Monads 102: using Haskell online (or 'Finding your inner Klingon')

The Goal

This post is a long-delayed follow-up to a talk I gave at the Lambda Lounge. It will use a simple code example to show some intermediate ideas of monads in Haskell.

The best part is that the code can be pasted into Codepad (no affiliation) and tinkered with. No download necessary!

(Note that a recent review of RWH calls Haskell "like Klingon, but with math". Hence the subtitle.)

Where is Monads 101?

There is no Monads 101 post on this blog. This is part of the zen of monads, as explained in Monads are Burritos. I did my best at the Lambda Lounge, and have some fun ideas for the future, but for now, this post is intended for readers who have some background in Haskell.

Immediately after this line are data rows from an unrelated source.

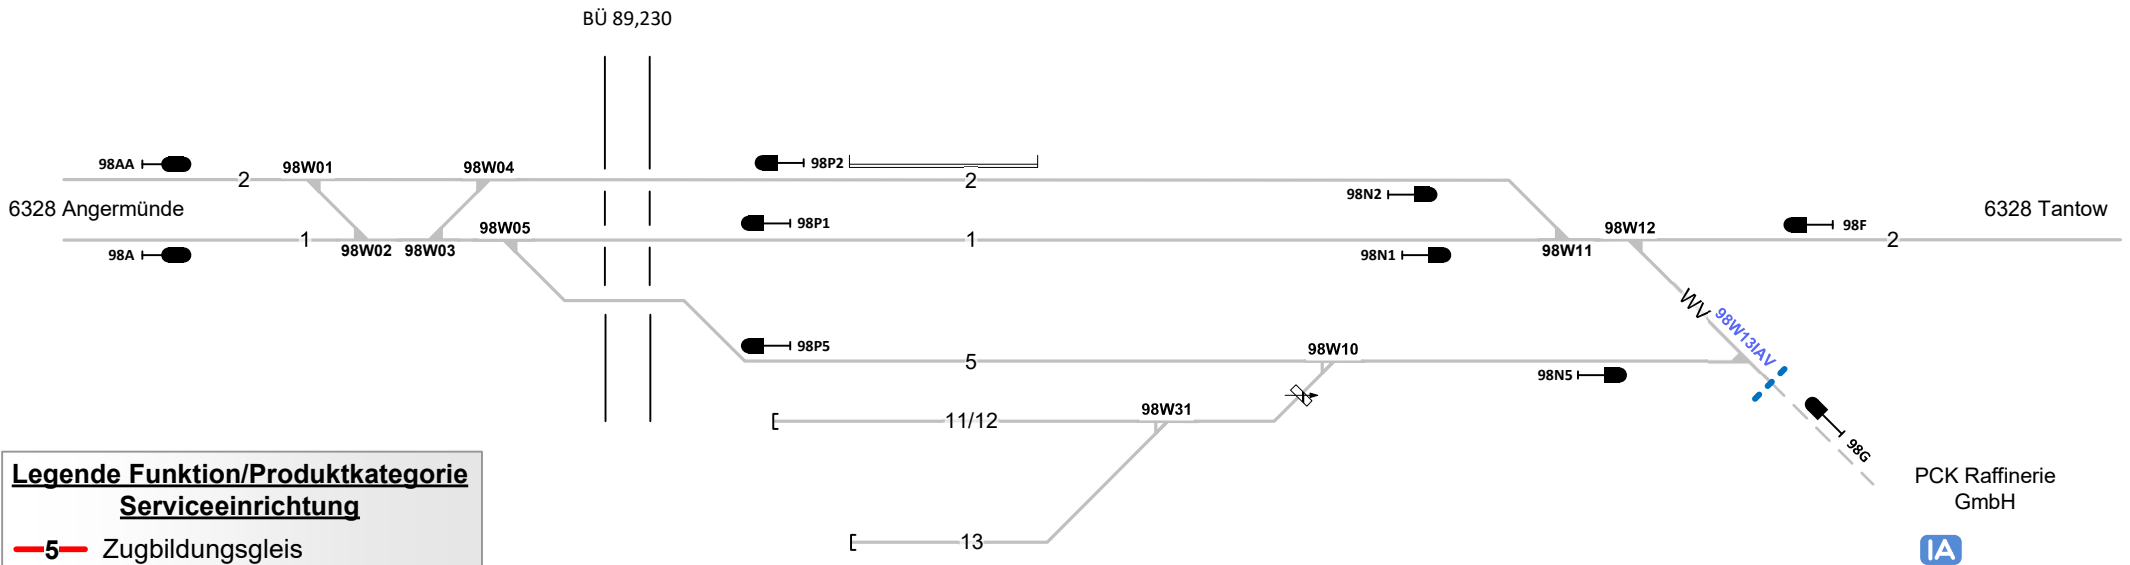

Passow

Kz 98

Legende Funktion/Produktkategorie
Serviceeinrichtung

- 5 Zugbildungsgleis
- 5 Dispogleis
- 5 Andigleis
- 5 Ab-/Bereitstellungsgleis
- 5 Ladegleis
- 5 Ladegleis_KV
- 5 Lokgleis
- 5 Tankgleis
- 5 Zuführungsgleis
- 5 keine Serviceeinrichtung

Legende Beleuchtung

- Serviceeinrichtung ohne Beleuchtung
- Beleuchtungsstärke < 10 Lux
- Beleuchtungsstärke ≥ 10 Lux

Legende Weichen

- ortsgestellte Weiche
- ferngestellte Weiche
- Weiche EOW Bereich
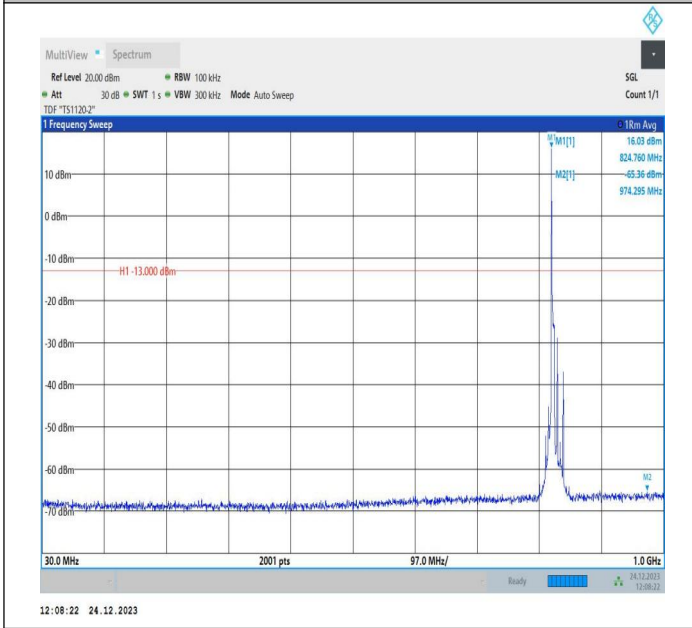

5-5-5MHz-10MHz-QPSK-QPSK-20428-20500-1RB#0-0RB#0-0.009~0.15MHz-PASS

5-5-5MHz-10MHz-QPSK-QPSK-20428-20500-1RB#0-0RB#0-30~1000MHz-PASS
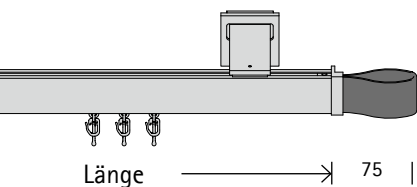

B 77/52 Edelstahl/Braun
77/56 Edelstahl/Schwarz
77/57 Edelstahl/Cognac

1-läufig

Länge → 75 |

Art.-Nr.
Ambition 03623

Länge (cm)	Gleiter	Träger	€	Träger 8 cm		Träger 13 cm		Träger 18 cm		Gleiter
				A	B	A	B	A	B	
100	16	2	€	329	372	343	388	357	404	
120	18	2		338	382	352	398	365	414	
140	22	2		347	392	361	408	374	424	
160	26	2		356	403	370	419	383	435	
180	28	2		364	413	378	429	392	445	
200	32	2		373	423	387	439	401	455	
220	34	2		381	433	395	449	409	465	
240	38	3		462	526	483	550	504	575	
260	42	3		471	537	492	561	513	585	
280	44	3		479	547	500	571	521	595	
300	48	3		488	557	509	581	530	606	
320	50	3		497	567	517	591	538	616	
340	54	3		506	578	526	602	547	626	
360	56	3		514	588	535	612	555	636	
380	60	3		523	598	544	622	564	647	
400	64	3		532	609	553	633	573	657	
420	66	3		540	619	561	643	582	667	
440	70	3		549	629	570	653	591	678	
460	74	4		630	723	658	755	685	787	
480	76	4		638	732	666	765	694	797	
500	80	4		647	743	675	775	703	807	
^ Abschlag Wandlager je Seite				111	124	118	132	125	140	
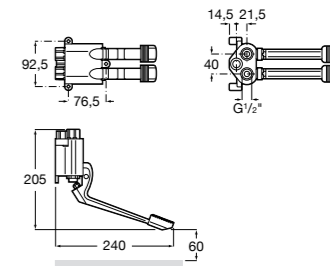

Instant Foot

505128700 Педальный смеситель. Установка на стене.
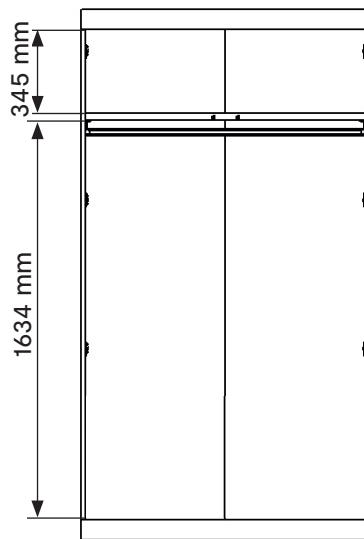

Design Kaschkasch

Design Kaschkasch

Flai Kleiderschrank

Korpus corps

-  weiße CPL-Belegung
white CPL coating
-  anthrazitfarbene CPL-Belegung
anthracite CPL coating

Flai Kleiderschrank

Features

- geräumiger Kleiderschrank mit individueller Innenausstattung
- grifflose Türen mit Push-to-Open-Mechanik und Schubkästen mit soft-close
- umlaufender Rahmen oben, kann als Ablagefläche genutzt werden
- wahlweise mit großem Schubkasten im Innern, in beliebiger Höhe im Schrank positionierbar, beliebige Anzahl pro Schrank übereinander
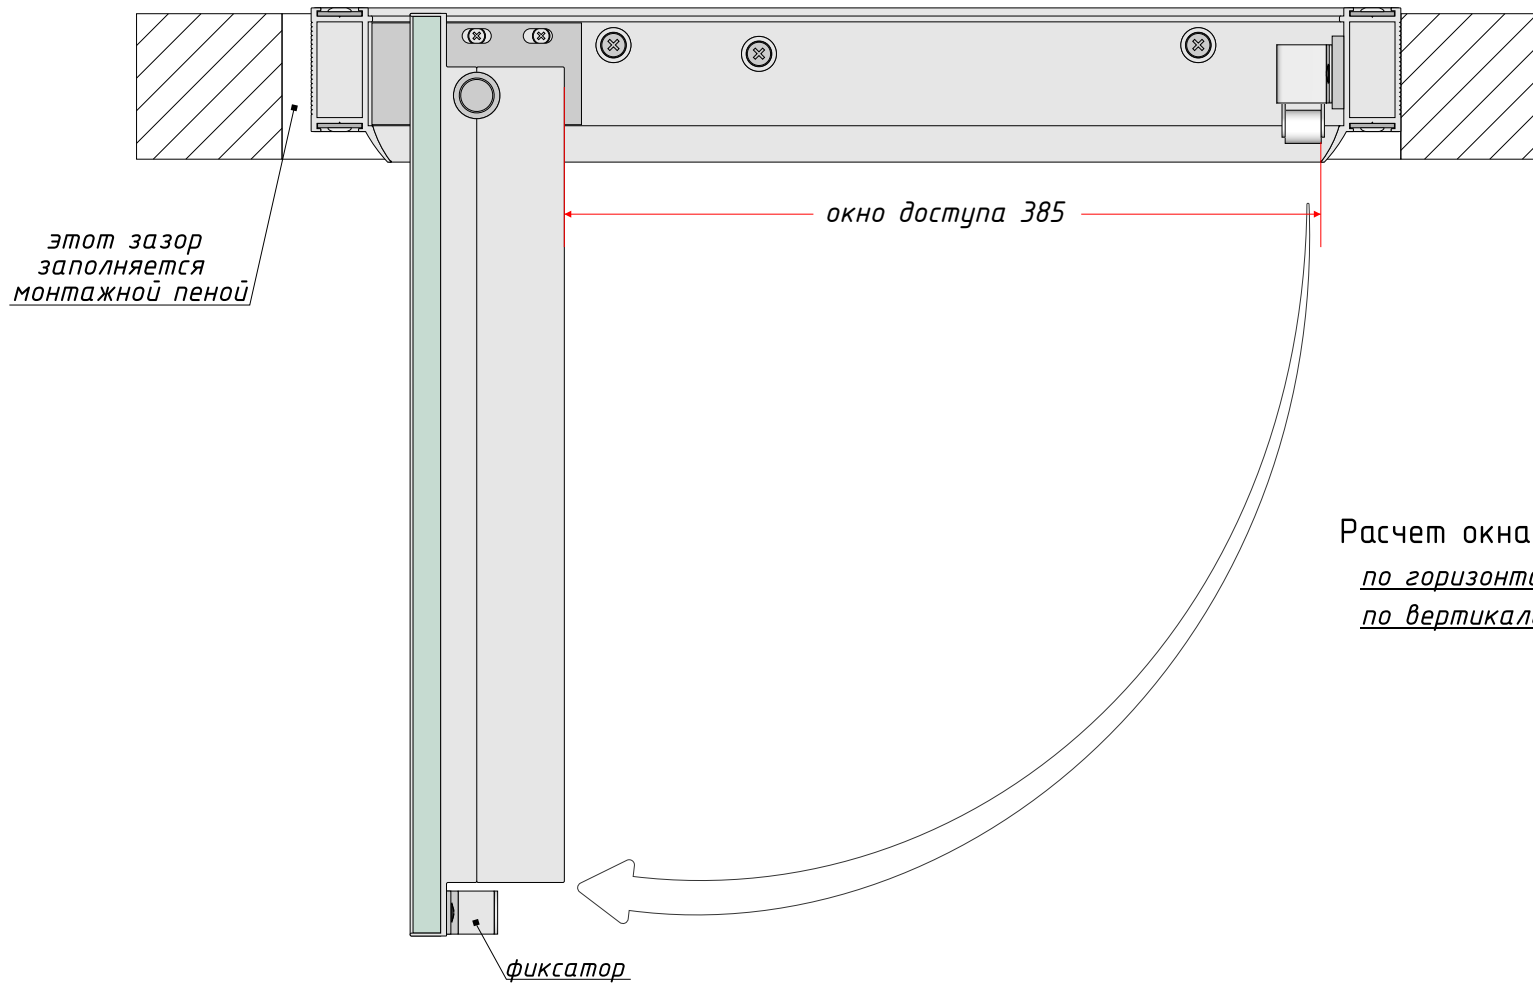

Люк под покраску 500x700 мм

Вид сверху (в разрезе)

Расчет окна доступа:

по горизонтали = ширина люка-115 мм

по вертикали = высота люка-55мм

Ok, ok, as a super brief recap, check out this photo. Recall that

1. m is a type constructor (i.e. it is a generic type that wraps another type)

2. a -> m a is a function that injects/wraps something of type a into something of type m. In Haskell, this is called return

3. m a -> (a -> m b) -> m b is a function that takes a monad m a and another function, a -> m b. It returns m b. Loosely speaking, it breaks the inner type out of m and applies the function, resulting in a computed value back inside another m. The 'breaking out of' part is unspecified and unique to each monad. This whole doozie is called bind and uses this symbol: >>=

It is vital to understand that a, b, and m above are types (e.g. Integer, String). Haskell has a gorgeous fluidity between data variables and type variables that can be confusing at first.

A monad is a type that supports all three of the above. I warned you that this was Monads 102. If you aren't comfortable at this point, that's fine. This is non-trivial stuff.

The Goals

We'll take a code example that defines a trivial function called tuple. This example won't change but we'll send in some different monadic values and see what happens.

Example: Maybe (with Integer)

Here is the full example... Paste this into Codepad:

-- see comments below
tuple mx = mx >>= \x -> return (x, x + 1 )

mx = Just 10

main = (print (tuple mx))

Here is a version with comments:

-- In English, tuple accepts a mx, a monad.
-- The monad pulls x out, and builds a simple tuple
-- which is returned in a monad of the same type.
-- Here mx is a variable name. It is of type 'm a'
-- where m and a are types
--
-- 1. tuple takes m a and returns m (a, a)
-- 2. note that \x -> ... is a lambda expression
--    with a parameter 'x'. This expression is
--    the function a -> m b that is passed to bind.
-- 3. >>= is called 'bind' because it binds the
--    value of x
-- NOTE: mx defines the way >>= behaves!!!

tuple mx = mx >>= \x -> return (x, x + 1 )

-- mx is of type Maybe Integer

mx = Just 10

-- main just prints the result

main = (print (tuple mx))

The output should be:

Just (10,11)

Try some other values for mx. Experimentation here will be worth a zillion words and comments.

Example: Maybe (with Double)

In the Codepad editor, change the value of mx to:

mx = Just 3.14

and run again. Since Haskell is Klingon-esque about types, this is a big deal. The tuple function works with Maybe Integer as well as Maybe Double. In fact, it should work with any m a where a supports addition.

Example: Maybe (with Nothing)

Now, again in Codepad, change the value of mx to:

mx = Nothing

The output should be the same: Nothing. What is happening? Recall that the monad supplies the bind function by 'breaking out' the inner type: but each monad can define that behaviour.

In the case of Maybe, that behaviour is defined in part as: if the value is Nothing, then don't even bother calling the supplied function! Hence, the result is Nothing.

Example: List

Here's where things get fun... Let's wish Maybe a fond farewell and use another monad: List. Remember that tuple isn't going to change here.

In Codepad, do this:

mx = [1,2,3,4]

Try and guess what the output should be, then run it.

You should see:

[(1,2),(2,3),(3,4),(4,5)]

The reason for this is that the List monad uses a different definition for 'breaking out' when applying >>= / bind. Clearly, the List definition is to apply the provided function to each element in the list.

Conclusion

The upshot here is that tuple isn't changing. The monads are changing. (Or for you Zen types, your mind is changing. For Klingons, the semantics of the syntax is bending to your will.)

It is important to note that tuple is indeed a lame function with no utility. The types Maybe and List are useful; as monads, they are very basic. If you were to describe the 'breaking out' in pseudocode, they seem trivial:

Given m >>= f where m is m a and f is a -> m b

• When m is Maybe: if it has something, it applies f; else it does nothing.
• When m is List: it applies f for each element in the list.
  

Don't be fooled! There are other monads in Haskell that are much more sophisticated (an intense example is the STM monad for software transactional memory).

The important thing is to understand that the power is in the 'breaking out', which is individual to the monad. Yet against that flexibility, we have seen with tuple that monadic code remains constant.

That's monads in a nutshell: rigidity and flexibility in a powerful combination.